Pressures in love

Arts and Culture
February 13, 2020
This article was published more than 2 years ago.
Est. Reading Time: 4 minutes
Photo C/O Lucrezia Carnelos

By Rachel Lieske, Contributor

The popular astrology app CoStar is known for daily insights that are customized according to a user’s astrological chart. Every day at 10:37 am, CoStar sends me daily affirmations, recently with a recurring theme surrounding “pressure in love.” I usually shrug off the AI-generated insights, but the idea  of “pressure in love” echoed in my mind—it felt symbolic of young love, and everything it represents, and caught my attention. 

There’s a common narrative that persists around young love. Finding love that lasts in your adolescence is the one way to create a fairytale ending. Needless to say, a fairytale ending is merely a fictional account. There is a lot of love rhetoric echoed in our culture like “you’ll find love once you stop looking”, but aren’t we supposed to be finding love now, just as many of our parents did at our age? 

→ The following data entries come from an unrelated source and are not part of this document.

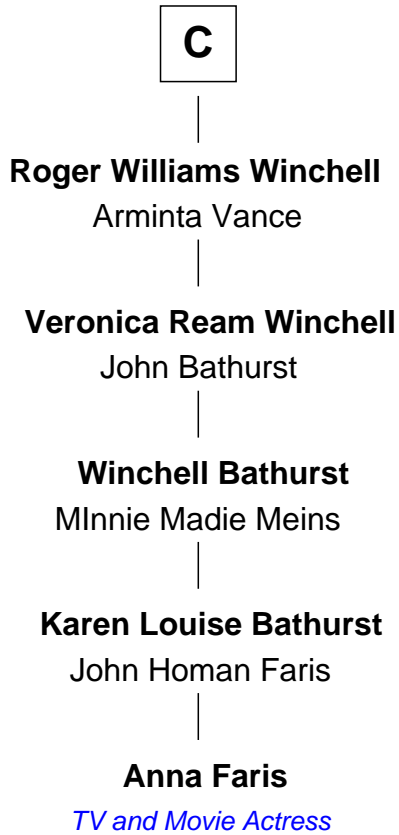

FamousKin.com Relationship Chart of

Anna Faris

TV and Movie Actress

15th cousin 6 times removed of

Henry Lee III

9th Governor of Virginia

Sir John Howard

Alice de Bois

Joan Howard
Sir Peter de Brewes

Beatrice Brewes
Sir Hugh Shirley

Sir Ralph Shirley
Joan Basset

Beatrice Shirley
John Brome

Isabel Brome
John Denton

Alice Denton
Nicholas Purefoy

Edward Purefoy
Anne Fettiplace

A

Sir Robert Howard
Margaret de Scales

Sir John Howard
Alice Tendring

Sir Robert Howard
Margaret Mowbray

Katherine Howard
Sir Edward Neville

Catherine Neville
Robert Tanfield

William Tanfield
Elizabeth Stavely

Frances Tanfield
Bridget Cave

B

FamousKin.com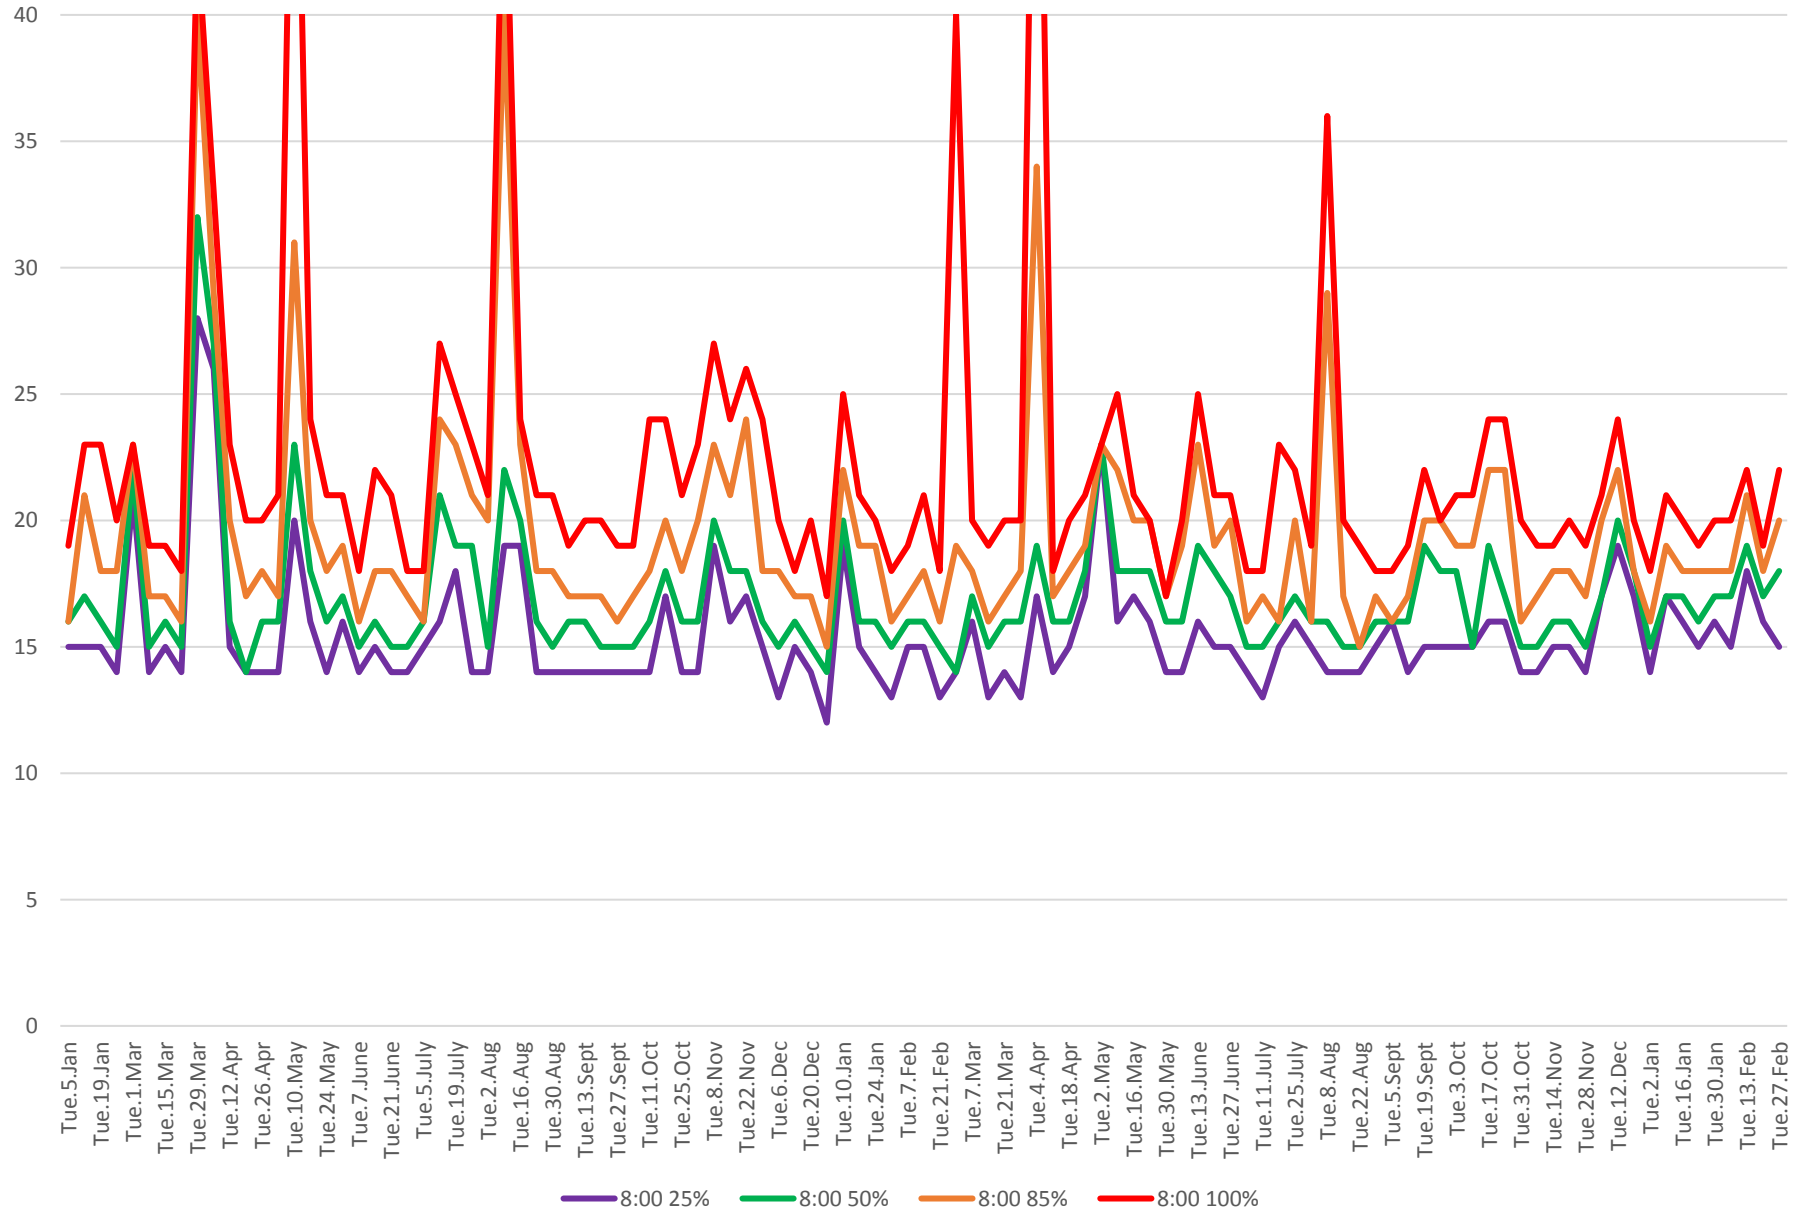

504 King Travel Times Bathurst to Jarvis Eastbound 2016 to 2018 8:00 to 9:00 am Mondays

504 King Travel Times Bathurst to Jarvis Eastbound 2016 to 2018 8:00 to 9:00 am Tuesdays

504 King Travel Times Bathurst to Jarvis Eastbound 2016 to 2018 8:00 to 9:00 am Wednesdays

504 King Travel Times Bathurst to Jarvis Eastbound 2016 to 2018 8:00 to 9:00 am Thursdays

504 King Travel Times Bathurst to Jarvis Eastbound 2016 to 2018 8:00 to 9:00 am Fridays

504 King Travel Times Bathurst to Jarvis Eastbound 2016 to 2018 8:00 to 9:00 am Saturdays

504 King Travel Times Bathurst to Jarvis Eastbound 2016 to 2018 8:00 to 9:00 am Sundays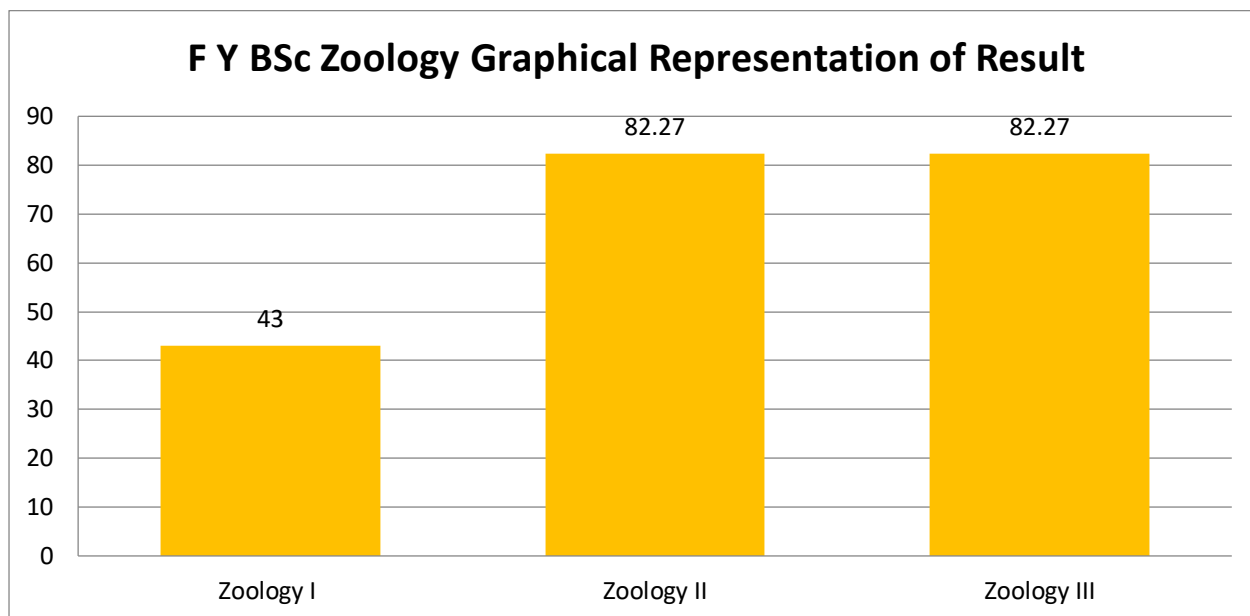

Department of Zoology
RESULT SHEET-2022-23
SEMESTER-I

Sr. No	Class	Title of Paper	No of Students Admitted	No of Students Appeared	Absent	Dist.	1st Class	2nd Class	Pass Class	Fail	Total pass	%
1	F Y BSc Zoology	Zoology I (111)	98	79	08	00	10	21	03	37	34	43
2		Zoology II (112)	98	79	10	10	31	17	07	04	65	82.27
3		Zoology III (113)	98	79	14	25	26	04	10	00	65	82.27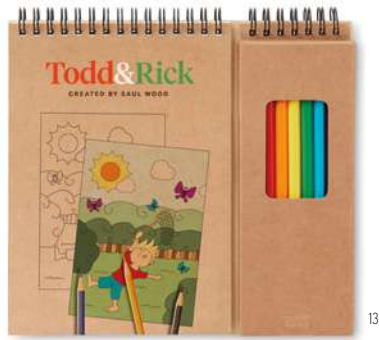

MO6479 > 211

210

MO6584 > 211

13

13

13

Colopad MO8769

Colouring set with 24 pages 6 of which have pictures to colour in and 18 blank pages. Includes 8 colouring pencils.
Size 21,5x18,5x1 cm **Print technique** Screen printing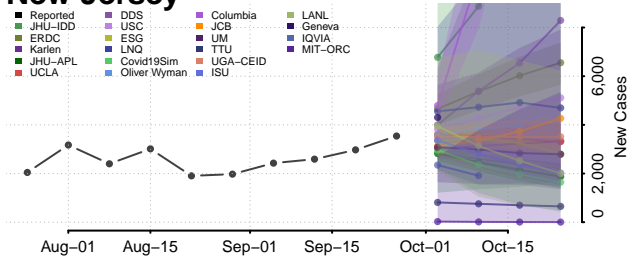

New Jersey

Atlantic County, New Jersey

Bergen County, New Jersey

Burlington County, New Jersey

Camden County, New Jersey

Cape May County, New Jersey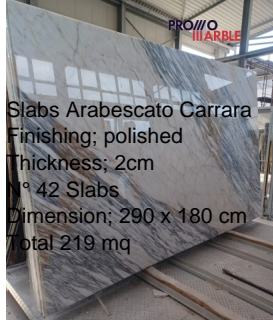

## Slabs Arabescato Carrara

## Slabs Arabescato Carrara

---

Slabs Arabescato Carrara  
Finishing: polished  
Thickness: 2cm  
N° 42 Slabs  
Dimension: 290 x 180 cm  
Total 219 mq

Rating: Not Rated Yet  
**Price**

[Ask a question about this product](#)

### **Slabs Arabescato Carrara**

Finishing: polished

Thickness: 2cm

N° 42 slabs

Dimension: 290 x 180 cm

Total 219 mq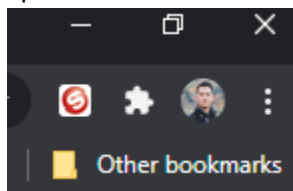

3. Click “Add to Chrome”

4. Click Add extension

You should see this prompt when installed:

5. Click on the Puzzle Piece  on the top right of Chrome

6. Press the Pin icon  for Sphere Lite

Sphere Lite icon should now be in your top right task bar:

Like any frantic Gen Z, I texted all of my friends and asked them if they felt “pressure in love” and if they felt that there was an inherited timeline to find it. As it turned out, most of my single friends were pessimistic about finding love and felt a pressure weighing them down. Here’s what they had to say.

“There’s a lot of pressure regarding the demographic and social aspect of it all. If you’re in a city that is full of people your age and your living the typical university lifestyle then it should be easy to find a significant other, but it’s really not.” - Allie, 20

“[University] seems like a perfect time to meet people, and a lot of people are finding love. At the end of the day, media makes love seem like this whole encompassing thing that everyone craves but I’m not so certain it’s the end all be all.” - Robyn, 19

“I think the pressure comes more internally than externally, especially when I see people who have had lots of relationships in high school and university and I feel like now there’s less time to find my ‘soul mate’. If those people have been through so many relationships and haven’t found the one, how can I with less time?” - Taylor, 20

“There’s a lot of cultural pressures because for me, my parents are Russian and there’s an unspoken standard that you will find a person to marry within university and if you can’t, it’s like, ‘Okay, what’s wrong with you?’”- Devon, 21

Coincidently, most of my friends who were in relationships said that they never felt pressured to be in relationships. Instead, romantic love randomly found its way into their lives. However, they experienced a  different sort of pressure; a pressure to experience single life fully in university. 

“There’s more of a pressure to not find love because of single culture being so dominant with university nightlife and online dating!” - Alex, 20

“Finding love shouldn’t have a timeline to it. It shouldn’t be a race. If you don’t find love by 25 it doesn’t mean that you’re undesirable!” - Vanessa, 20

“I felt more pressure to be dating than to find true love. I didn’t feel like I needed a soulmate, but I didn’t want to get to a point where I felt so much less experienced than everyone else that dating would feel impossible later on,”- Quinn, 20

“The short answer is no, I don’t feel the pressure to find love in university but I’ve been in a relationship most of my time at school,  in which the first one was very all-consuming and overbearing so I actually felt the pressure to be single for once.” -Mary, 20

It’s undeniable that our adolescence is a time of experimentation when it comes to love. We may make dumb decisions that we come to regret, but we can use the lessons from our successes and failures to help navigate the world of dating. Although past successes and failures help us navigate new relationships the pressure still persists: to find something real, raw, lasting and most importantly, loving. 

Other pressures come from trying to understand how to balance personal growth and romantic growth. In the infancy of our adult lives, we underestimate how many commitments we already have, and how large of a commitment love is. At some point, we have to give up on some of our commitments, and most of the time it’s a battle between love or loss. 

When we open our hearts to love, we also open our hearts to loss. Inevitably we might feel a combination of both. Choosing love is an act of bravery that deserves credit for its commitment to vulnerability and its gamble with loss. The pressure can be grave and intimidating but somehow always finds its way into our lives, in this quest for love or something that feels like it.